Records from a collection

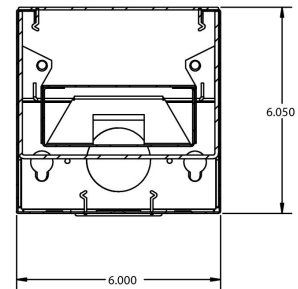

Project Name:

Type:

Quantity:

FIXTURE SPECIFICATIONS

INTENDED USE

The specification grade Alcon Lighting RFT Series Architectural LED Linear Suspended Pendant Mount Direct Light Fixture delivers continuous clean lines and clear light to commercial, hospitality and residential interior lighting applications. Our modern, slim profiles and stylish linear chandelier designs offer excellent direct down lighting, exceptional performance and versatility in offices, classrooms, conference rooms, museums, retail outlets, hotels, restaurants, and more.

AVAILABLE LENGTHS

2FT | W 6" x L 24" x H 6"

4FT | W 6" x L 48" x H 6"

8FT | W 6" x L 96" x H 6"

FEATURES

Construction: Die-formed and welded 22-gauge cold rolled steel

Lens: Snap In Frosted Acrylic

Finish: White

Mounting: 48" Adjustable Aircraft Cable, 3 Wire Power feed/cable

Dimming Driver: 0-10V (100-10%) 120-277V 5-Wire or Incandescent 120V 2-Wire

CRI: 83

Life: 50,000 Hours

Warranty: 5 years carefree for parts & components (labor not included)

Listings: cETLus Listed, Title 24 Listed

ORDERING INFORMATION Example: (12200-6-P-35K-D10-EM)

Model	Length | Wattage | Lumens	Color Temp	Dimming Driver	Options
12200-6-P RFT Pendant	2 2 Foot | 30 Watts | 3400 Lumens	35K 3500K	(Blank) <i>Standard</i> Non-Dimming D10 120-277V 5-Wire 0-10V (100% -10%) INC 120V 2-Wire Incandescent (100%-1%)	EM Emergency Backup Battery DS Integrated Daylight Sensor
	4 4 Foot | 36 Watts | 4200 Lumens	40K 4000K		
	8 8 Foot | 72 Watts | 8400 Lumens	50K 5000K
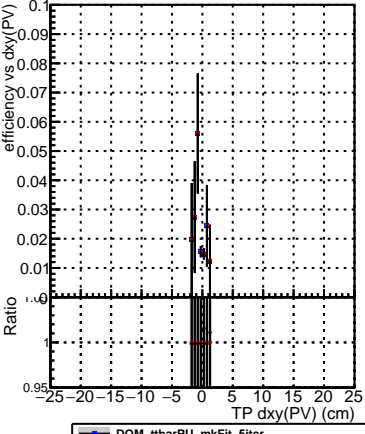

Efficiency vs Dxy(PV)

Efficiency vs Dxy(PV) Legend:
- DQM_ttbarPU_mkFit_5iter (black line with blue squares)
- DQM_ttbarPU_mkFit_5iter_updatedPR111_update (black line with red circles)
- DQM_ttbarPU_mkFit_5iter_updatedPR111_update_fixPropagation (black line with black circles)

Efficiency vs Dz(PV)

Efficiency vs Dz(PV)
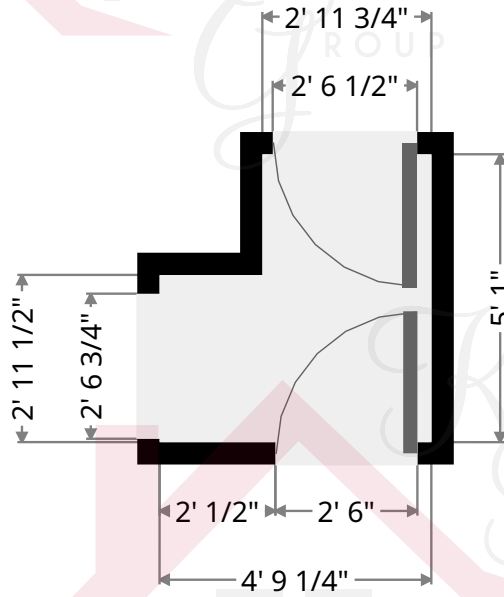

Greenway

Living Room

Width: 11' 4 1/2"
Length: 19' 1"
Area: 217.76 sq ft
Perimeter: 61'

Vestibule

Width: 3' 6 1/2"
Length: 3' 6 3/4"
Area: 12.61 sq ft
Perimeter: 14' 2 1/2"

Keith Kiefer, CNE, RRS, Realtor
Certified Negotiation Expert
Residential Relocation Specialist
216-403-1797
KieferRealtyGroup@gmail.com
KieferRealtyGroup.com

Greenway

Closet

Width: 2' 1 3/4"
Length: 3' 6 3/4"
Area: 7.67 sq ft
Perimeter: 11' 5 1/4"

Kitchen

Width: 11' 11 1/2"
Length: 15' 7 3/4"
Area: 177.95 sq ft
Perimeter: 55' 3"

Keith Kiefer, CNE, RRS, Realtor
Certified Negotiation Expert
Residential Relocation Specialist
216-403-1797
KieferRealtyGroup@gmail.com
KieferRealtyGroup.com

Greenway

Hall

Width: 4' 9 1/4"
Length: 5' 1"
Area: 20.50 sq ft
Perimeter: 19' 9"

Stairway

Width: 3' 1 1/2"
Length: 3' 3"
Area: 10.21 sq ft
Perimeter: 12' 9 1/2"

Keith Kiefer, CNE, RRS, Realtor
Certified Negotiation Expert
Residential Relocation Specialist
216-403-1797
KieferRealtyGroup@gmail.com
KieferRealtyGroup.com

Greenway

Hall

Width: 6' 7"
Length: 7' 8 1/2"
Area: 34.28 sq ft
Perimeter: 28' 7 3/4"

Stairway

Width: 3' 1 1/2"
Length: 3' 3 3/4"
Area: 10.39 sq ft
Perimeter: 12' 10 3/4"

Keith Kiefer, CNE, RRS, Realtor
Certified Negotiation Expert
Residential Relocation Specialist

#### [WHAT TO PRODUCE]
Without the pictures, give back the entries exactly.

#### [RESULT OF THE TASK]
Project Name:

Type:

Quantity:

FIXTURE SPECIFICATIONS

INTENDED USE

The specification grade Alcon Lighting RFT Series Architectural LED Linear Suspended Pendant Mount Direct Light Fixture delivers continuous clean lines and clear light to commercial, hospitality and residential interior lighting applications. Our modern, slim profiles and stylish linear chandelier designs offer excellent direct down lighting, exceptional performance and versatility in offices, classrooms, conference rooms, museums, retail outlets, hotels, restaurants, and more.

AVAILABLE LENGTHS

2FT | W 6" x L 24" x H 6"

4FT | W 6" x L 48" x H 6"

8FT | W 6" x L 96" x H 6"

FEATURES

Construction: Die-formed and welded 22-gauge cold rolled steel

Lens: Snap In Frosted Acrylic

Finish: White

Mounting: 48" Adjustable Aircraft Cable, 3 Wire Power feed/cable

Dimming Driver: 0-10V (100-10%) 120-277V 5-Wire or Incandescent 120V 2-Wire

CRI: 83

Life: 50,000 Hours

Warranty: 5 years carefree for parts & components (labor not included)

Listings: cETLus Listed, Title 24 Listed

ORDERING INFORMATION Example: (12200-6-P-35K-D10-EM)

Model	Length | Wattage | Lumens	Color Temp	Dimming Driver	Options
12200-6-P RFT Pendant	2 2 Foot | 30 Watts | 3400 Lumens	35K 3500K	(Blank) <i>Standard</i> Non-Dimming D10 120-277V 5-Wire 0-10V (100% -10%) INC 120V 2-Wire Incandescent (100%-1%)	EM Emergency Backup Battery DS Integrated Daylight Sensor
	4 4 Foot | 36 Watts | 4200 Lumens	40K 4000K		
	8 8 Foot | 72 Watts | 8400 Lumens	50K 5000K

Efficiency vs Dxy(PV)

Efficiency vs Dxy(PV) Legend:
- DQM_ttbarPU_mkFit_5iter (black line with blue squares)
- DQM_ttbarPU_mkFit_5iter_updatedPR111_update (black line with red circles)
- DQM_ttbarPU_mkFit_5iter_updatedPR111_update_fixPropagation (black line with black circles)

Efficiency vs Dz(PV)

Efficiency vs Dz(PV)

Greenway

Living Room

Width: 11' 4 1/2"
Length: 19' 1"
Area: 217.76 sq ft
Perimeter: 61'

Vestibule

Width: 3' 6 1/2"
Length: 3' 6 3/4"
Area: 12.61 sq ft
Perimeter: 14' 2 1/2"

Keith Kiefer, CNE, RRS, Realtor
Certified Negotiation Expert
Residential Relocation Specialist
216-403-1797
KieferRealtyGroup@gmail.com
KieferRealtyGroup.com

Greenway

Closet

Width: 2' 1 3/4"
Length: 3' 6 3/4"
Area: 7.67 sq ft
Perimeter: 11' 5 1/4"

Kitchen

Width: 11' 11 1/2"
Length: 15' 7 3/4"
Area: 177.95 sq ft
Perimeter: 55' 3"

Keith Kiefer, CNE, RRS, Realtor
Certified Negotiation Expert
Residential Relocation Specialist
216-403-1797
KieferRealtyGroup@gmail.com
KieferRealtyGroup.com

Greenway

Hall

Width: 4' 9 1/4"
Length: 5' 1"
Area: 20.50 sq ft
Perimeter: 19' 9"

Stairway

Width: 3' 1 1/2"
Length: 3' 3"
Area: 10.21 sq ft
Perimeter: 12' 9 1/2"

Keith Kiefer, CNE, RRS, Realtor
Certified Negotiation Expert
Residential Relocation Specialist
216-403-1797
KieferRealtyGroup@gmail.com
KieferRealtyGroup.com

Greenway

Hall

Width: 6' 7"
Length: 7' 8 1/2"
Area: 34.28 sq ft
Perimeter: 28' 7 3/4"

Stairway

Width: 3' 1 1/2"
Length: 3' 3 3/4"
Area: 10.39 sq ft
Perimeter: 12' 10 3/4"

Keith Kiefer, CNE, RRS, Realtor
Certified Negotiation Expert
Residential Relocation Specialist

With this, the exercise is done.